Sunday, March 7, 2010

Nina Shea: Egypt gov’t buried Coptic culture, promotes hatred of Christians

Written by Mohamed Abdel Salam
Bikya Masr
4 March 2010



CAIRO: American right-wing activist Nina Shea, a member of the US Committee for Religious Freedoms, accused the Egyptian government of “burying” the Coptic heritage of Egypt. She said the Cairo government supports the promotion of hatred against Copts in the Egyptian media and called on the US government to use American aid to Egypt in the support of the Coptic Christians of the country.

Shea criticized, in an interview with the American Christian Acton Institute, what she described as “the Egyptian government’s rejection of teaching the original Coptic Language in public schools … as it allows the study of English, French or German, but not Coptic.”
She also accused the Egyptian government of “burying the history and culture of the Copts in schools and the incitement of hatred against Christians in the media and mosques.”

She cited a speech made by Egyptian Bishop Thomas, the bishop of Qusiya, at the Hudson Institute two years ago. She said that Thomas spoke of “the continuing of the project of Arabization and Islamization of Egypt, which was not originally Arab or Islamic … before the Arab invasion, everyone was Copt in Egypt.”

The the US activist, director of the Center for Religious Freedom of the American right-wing Hudson Institute, criticized the American Administration for not exploiting the aid to Egypt in order to solve the Coptic problem.

She said that the United States provides annual aid to Egypt of about $2 billion “and we don’t influence through it at all to help Christians, and our ambassadors there are not effective in helping them.”
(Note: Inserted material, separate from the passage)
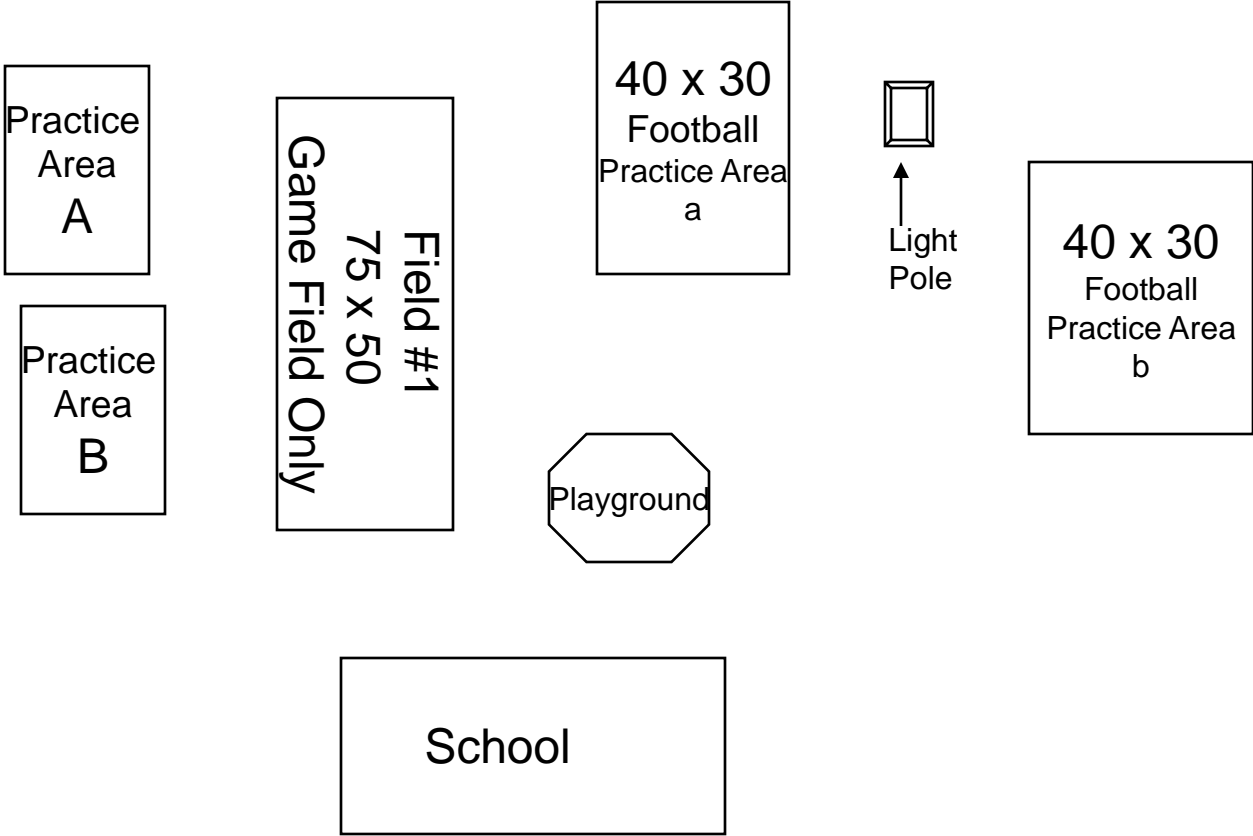

WIDEWATER ES

Shea said that “Copts are facing a huge problem in light of the rise of political Islam, a fundamentalist interpretation of Islam has been revived, which seeks the application through the state.”

Shea, who is also a member of the Inter-American Commission on International Religious Freedom, said that the Copts in Egypt “are not allowed to build or even renovate churches.”

She added: “Egypt has the largest Christian minority, but in fact the largest non-Muslim minority, among all countries in the Middle East, and that is the fate of the Coptic Church is very important for the experience of religious pluralism as well as for a Christian.”

Shea said that the number of Coptic Christians in Egypt amounts to 10 million people, in contrast to the Pew Center estimates that put them at less than 5 million people.

Shea said: “There are no Christian citizens in the Gulf. Saudi Arabia does not allow the construction of churches at all … and the Christians disappear quickly from Iraq, Turkey and Iran, and thus Egypt is very important.”

Shea, is known for her stricter religious views, as she was behind a conference held in January 1996 that brought more than 100 Christian leaders, churches and Christian clergy to discuss the situation of Christianity in the world under the auspices of Freedom House.